You wrote one sentence that I want to put at the top of this letter, because I think it is the most important thing you said:
"I used to be the person he thought out loud with, and I'm not anymore."
Not the AI. Not the fight he debriefed before debriefing it with you. The lost role. You are not grieving a tool. You are grieving a place you used to occupy in your husband's mind — the place where his half-formed thoughts went before they became conclusions. You called it "thinking out loud together." That is a specific, beautiful, four-year-built thing, and you are right that it has gone quiet.
I also want to honor how carefully you've protected him in the way you described this. You went out of your way to say the AI use isn't secret, isn't sexual, isn't replacing anything you can name. You have refused, even in private to me, to make him a villain. That restraint is not weakness. It is the same generosity that probably made you good at thinking out loud with him in the first place. I want to name it, because the dominant story right now is telling you that you are the one who is "being ridiculous," and the dominant story is wrong about you.

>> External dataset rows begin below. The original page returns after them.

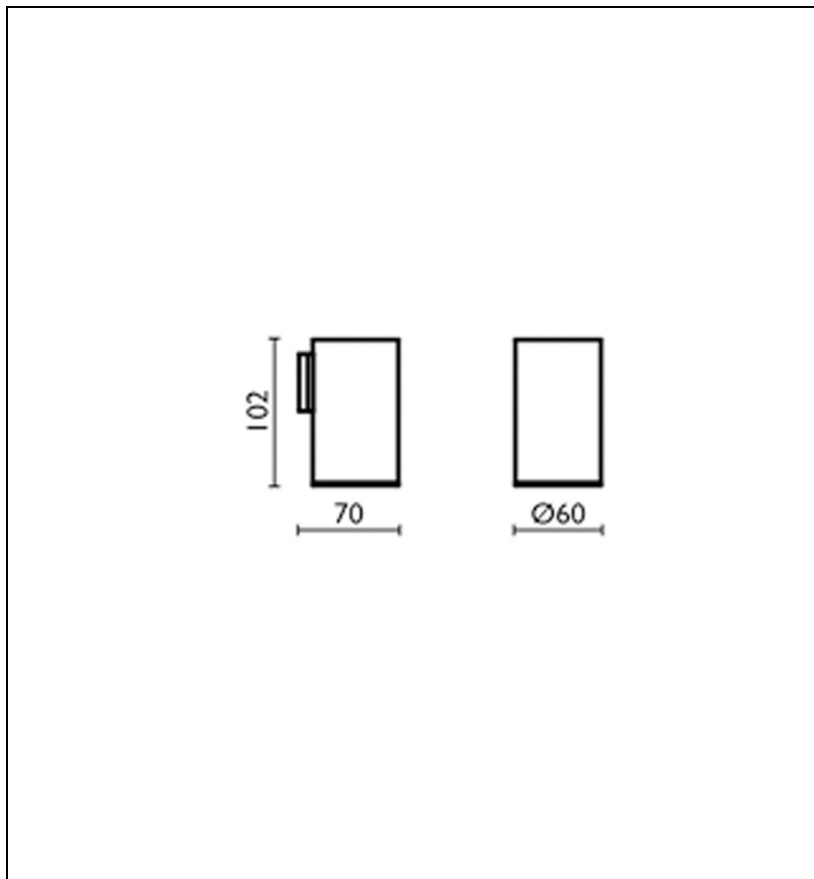

TO14551 : Porte-verre à suspendre TOSCA

CRISTINA
RUBINETTERIE

ondyna

51 > chromé

Caractéristiques

- A suspendre
- 102 mm x 70 mm
- Saillie 70 mm
- Garantie 2 ans
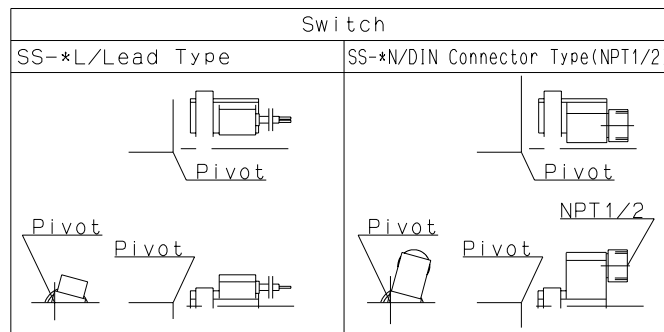

Stroke	L
100	205
150	255
200	305
250	355
300	405
400	505
500	605
600	705

JIS Symbol

Model : SP665-N-FA-63X200
 Maker : KONAN
 File Name : SP66-N-FA-63
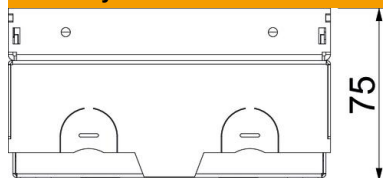

Součástí dodávky je zásuvka s ochranným kontaktem (NF). Do panelu datové techniky lze volitelně instalovat datovou zásuvku. Při dodání uzavřeno záslepkou.

A2 Nerez ocel

Kmenová data

Objednací číslo	7368294
Typ	UDHOME-ONE GV15N
Označení 1	Podlahová zásuvka
Označení 2	s NF zásuvkou
Výrobce	OBO
Rozměr	140x140x75
Materiál	Nerez ocel
Nejmenší prodejní množství	1
Množstevní jednotka	Množství
Hmotnost	220 kg
Jednotka hmotnosti	kg/100 párů
CO2 stopa (GWP) od kolébky po bránu	11,756 kg CO2e / 1 Kus

List technických údajů

Podlahová zásuvka UDHOME-ONE, s vybráním pro podlahovou krytinu, zásuvka NF, nerez

Objednací číslo: 7368294

Rozměry

Délka	140 mm
Šířka	140 mm
Výška	75 mm

Technické údaje

Počet osaditelných přístrojů	2
Provedení vývodu vedení	Otočný šňůrový vývod
Osazení	Jednoduchá zásuvka NF
Ochranný rám pro podlahovou krytinu	Ne
Údržba podlahy	suché
Provedení víka	Drážka pro podlahovou krytinu
Možnost instalace těsnění	Ne
Oblast použití při používání	6.101.1 Suchá údržba podlahy
Oblast použití při nepoužívání	6.101.1 Suchá údržba podlahy
Výška podlahy, max.	105 mm
Výška podlahy, min.	75 mm
Vhodné pro vestavbu do dvojité podlahy	Ano
Vhodné pro uzavřený podlahový kanál uložený v mazanině	Ne
Vhodné pro podlahový kanál zalitý mazaninou	Ne
Vhodné pro vestavbu do duté podlahy	Ano
Vhodné pro mokrou údržbu	Ne
Vhodné pro podlahový kanál	Ne
Přístrojové nosiče k uchycení přístrojových vložek	Ne
S drážkou pro podlahovou krytinu	Ano
Stupeň krytí (IP) při používání	IP20
Stupeň krytí (IP) při nepoužívání	IP40
Stupeň ochrany – kód IK	IK10
Provedení pro vysoká zatížení	Ne

For the rest of this letter, I'd like to give the thing you're describing a working name, drawn from your own words. You said he comes to you "with a clear head" — already processed, already concluded. Let's call what has moved into your relationship The Pre-Processing. Not the AI itself. The Pre-Processing. The habit of arriving at conversations already finished. We can change the name later if it doesn't fit; for now it gives us something to look at together instead of looking at Dan.
Here are five different stories about what The Pre-Processing might be doing in your marriage. None of them are the answer. They are five different chapters from five different possible books, and I want you to notice which ones make your shoulders drop and which ones make them tense.
- The Story of the Audience Seat.
In this story, you and Dan used to be co-authors of his thinking, and now you have been quietly moved into the audience. He still loves the audience. He performs for the audience. But the audience does not get to interrupt, doesn't get to say "wait, what about—," doesn't get to change where the thought is going. You are not losing Dan. You are losing co-authorship of him.
Carry this question with you for a few days: when in the last week did you feel like a co-author rather than an audience? Even for thirty seconds. Write down what was happening.
- The Story of the Easier Listener.
In this story, The Pre-Processing did not arrive because something was wrong with you as a listener. It arrived because the AI is, by design, frictionless — it never gets tired, never has its own day, never needs anything back. Dan may not have noticed yet that he traded a listener with a soul for a listener with no needs, and that the trade quietly costs him the part of being heard that actually heals.
Question to sit with: what does Dan lose when he is heard by something that cannot be changed by hearing him?
- The Counter-Story (the one The Pre-Processing does not want you to tell).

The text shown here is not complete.